The thrust of defendant’s contention raised here is that his fifth amendment right to counsel was waived as a result of trickery and subterfuge, in that he thought he was going to give a statement incriminating Shurn and Stamps when, in truth, the police were seeking admissions from Evans that he was the killer. The argument is novel, but not persuasive. While it is true that Miranda v. Arizona, supra, 384 U.S. at 475-476, 86 S.Ct. at 1628-1629, opines that evidence that an accused is threatened, tricked, or cajoled into a waiver will render the waiver involuntary, it is equally true that confessions obtained through subterfuge are admissible unless the deception is such as to offend societal notions of fairness, or is likely to procure an untrustworthy confession. State v. Pugh, 600 S.W.2d 114, 118 (Mo.App.1980). We find nothing in the record, including the videotaped confession which has been viewed by this court, to indicate that the failure to tell Evans that Diane Shores had told the police Evans had confessed the killing to her before the interrogation commenced resulted in fundamental unfairness to Evans, or made it more likely that his subsequent confession was untrustworthy.

Evans had been advised of his constitutional rights at least four times before the interrogation in question. Even though he had been told, in good faith at the time, that he was going to the prosecuting attorney’s office to give a statement implicating Shurn and Stamps, Evans knew he was a suspect in Cunningham’s killing, knew during his taped interview that his exculpatory statement was not believed, and knew that the interrogating officer, Sergeant Ealy, believed him to be the murderer of Cunningham. In addition, Evans initiated the portion of the interview in which he ultimately confessed by volunteering to Ealy, after the initial interview was over, that he had lied about the fingerprint, and that he had really been in Cunningham’s car the night of the murder.

Whether a confession is voluntary is judged by the totality of the circumstances. Boulden v. Holman, 394 U.S. 478, 480, 89 S.Ct. 1138, 1140, 22 L.Ed.2d 433 (1969).
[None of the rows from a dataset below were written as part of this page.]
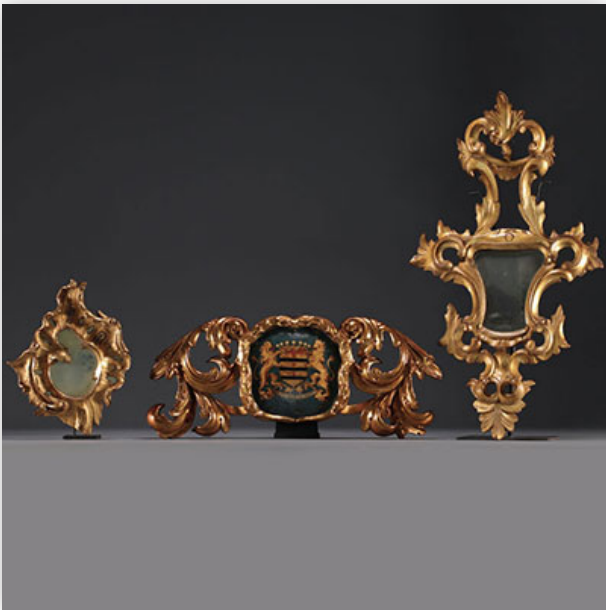

**Mise à prix: 2000 €**

Est.: 2000 € / 4000 €

**478** Set of three carved and gilded baroque wood panels, two mirrors and a...

Référence: GFAC5421 — Poids: 1.67 kg — Sizes: H 600MM X L 350MM / H 270MM X L 215MM / H 220MM X L 510MM — Condition: At first sight: broken / damaged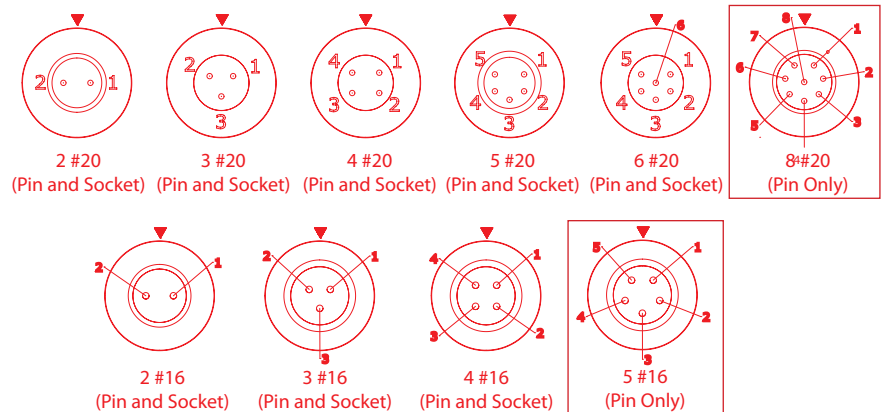

CONNECTOR DIMENSIONS (Ref Only)

CA16X80XXP0779

CA6X80XXP0790

CARA16X80XXP07990

CARA6X80XXP07990

CONTACT LAYOUTS (Connector Face Side)

MICRO-CON-X® INSTA-CLICK®

MINI-CON-X® INSTA-CLICK®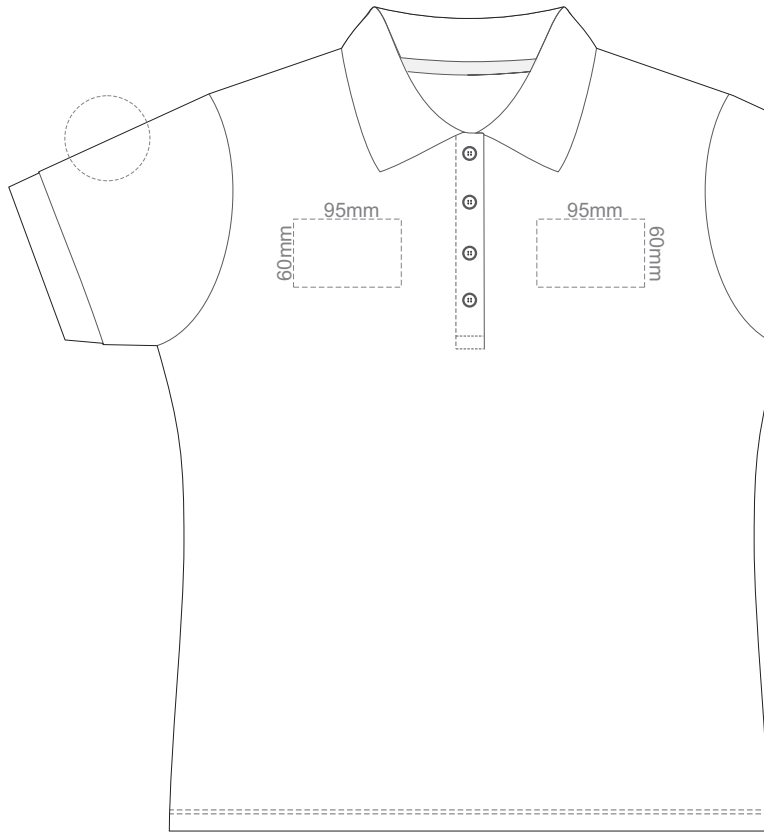

**FRONT WOMEN'S SMALL**

**BACK WOMEN'S SMALL**

Print area 260x210mm can be rotated to best suit.

15% of Actual Size  
Colourflex Transfer

**FRONT WOMEN'S MEDIUM**

**BACK WOMEN'S MEDIUM**

Print area 260x210mm can be rotated to best suit.

15% of Actual Size  
Colourflex Transfer

**FRONT WOMEN'S LARGE**

**BACK WOMEN'S LARGE**

Print area 280x200mm can be rotated to best suit.

15% of Actual Size  
Colourflex Transfer

**FRONT WOMEN'S EXTRA LARGE**

**BACK WOMEN'S EXTRA LARGE**

Print area 280x200mm can be rotated to best suit.

15% of Actual Size  
Colourflex Transfer

FRONT WOMEN'S XXL

BACK WOMEN'S XXL

Print area 280x200mm can be rotated to best suit.

15% of Actual Size  
Embroidery

15% of Actual Size  
Embroidery

FRONT WOMEN'S EXTRA LARGE

BACK WOMEN'S EXTRA LARGE

15% of Actual Size  
Embroidery

FRONT WOMEN'S XXL

BACK WOMEN'S XXL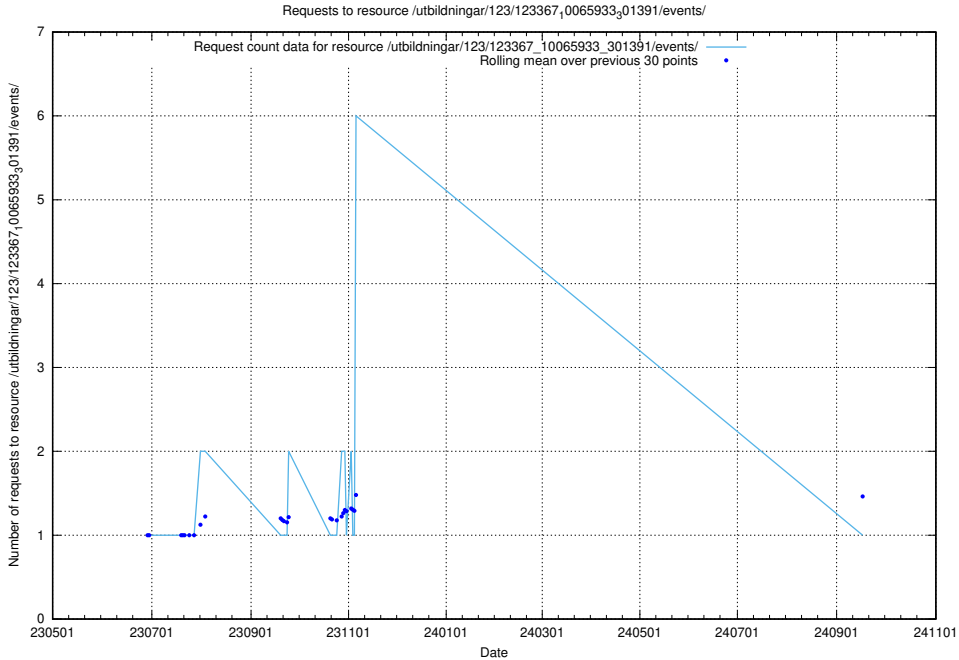

Here, we count the number of requests to resource /utbildningar/123/123367_10065939_302117/events/

5.6513 Usage of /utbildningar/123/123367_10065933_301391/events/

Here, we count the number of requests to resource /utbildningar/123/123367_10065933_301391/events/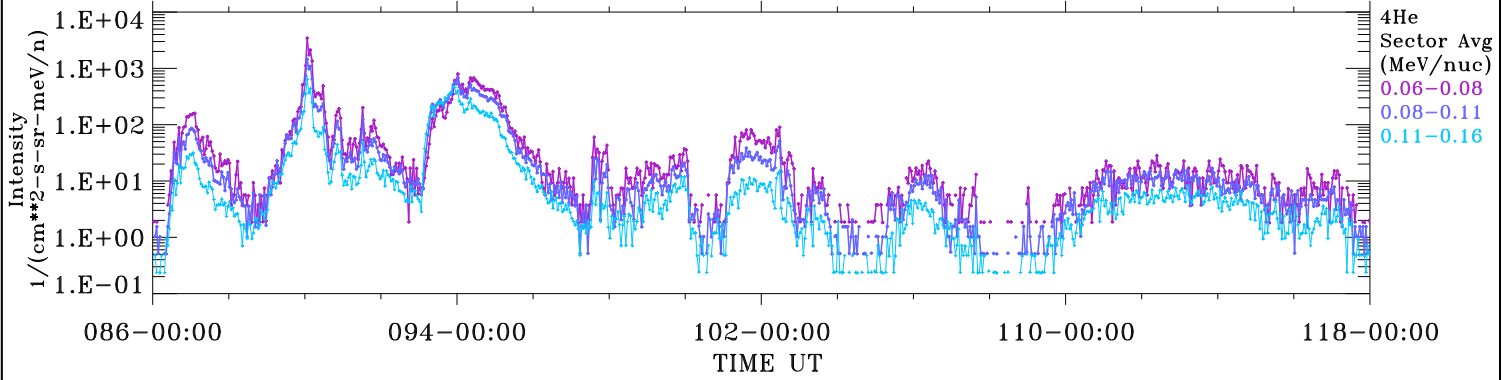

ACE ULEIS

Mar 27, 2022 (86) – Apr 28, 2022 (118)

Filter : 1,2
Plotting S/W: V3.0

udf*listner

32-Day Hourly Averages

Plotting date: Aug 14 2022 05:22

4He

4He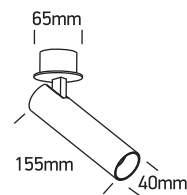

INSTALLATION MANUAL

11112RA

ecolight

350mA | COB LED | 12W | IP20 | Aluminium | Adjustable
Requires 350mA driver.

90
CRI

one
LIGHT

Warnings:

1. Make sure that the product is installed properly before connecting to electricity.
2. Do not cover the fitting.
3. Maintenance and installation should only be carried out by a professional electrician.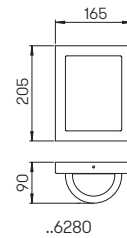

Art.-No.	Lamp	Base
Wall and ceiling lights		
696280	1 × lamp	E27
696281	1 × lamp	E27
90750100	appropriate lamp	E27
90750101	appropriate lamp	E27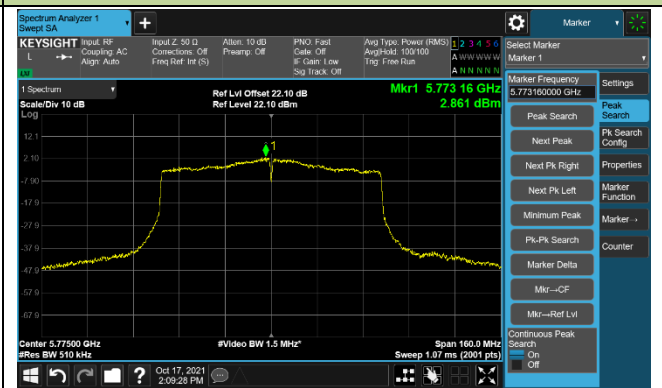

Channel 110 (5550MHz)

Channel 134 (5670MHz)

Channel 142 (5710MHz)

802.11ac-VHT40 Power Spectral Density – Ant 1

Channel 151 (5755MHz)

Channel 159 (5795MHz)

802.11ac-VHT80 Power Spectral Density – Ant 1

Channel 42 (5210MHz)

Channel 58 (5290MHz)

Channel 106 (5530MHz)

Channel 122 (5610MHz)

Channel 138 (5690MHz)

Channel 155 (5775MHz)

802.11ac-VHT160 Power Spectral Density – Ant 1

Channel 50 (5250MHz)

Channel 114 (5570MHz)

802.11ax-HE20 Power Spectral Density – Ant 1

Channel 36 (5180MHz)

Channel 44 (5220MHz)

Channel 48 (5240MHz)

Channel 52 (5260MHz)

Channel 60 (5300MHz)

Channel 64 (5320MHz)

Channel 100 (5500MHz)

If a preponderance of the evidence indicates that a confession was freely and voluntarily given, after a knowing and intelligent waiver of the suspect’s constitutional right against self-incrimination, the confession is admissible in evidence. State v. Brydon, 626 S.W.2d 443, 448-449 (Mo.App.1981).

The evidence given at the motion to suppress hearing, at trial, and in the videotaped confession establishes conclusively that Evans’ confession was freely and voluntarily given, after a knowing and intelligent waiver of his constitutional rights.

The trial court was correct in its rulings denying the motion to suppress and overruling the objection to the admission into evidence of Evans’ videotaped confession. We find no error.

Judgment affirmed.

SNYDER, J., and DONALD BARNES, Special Judge, concur.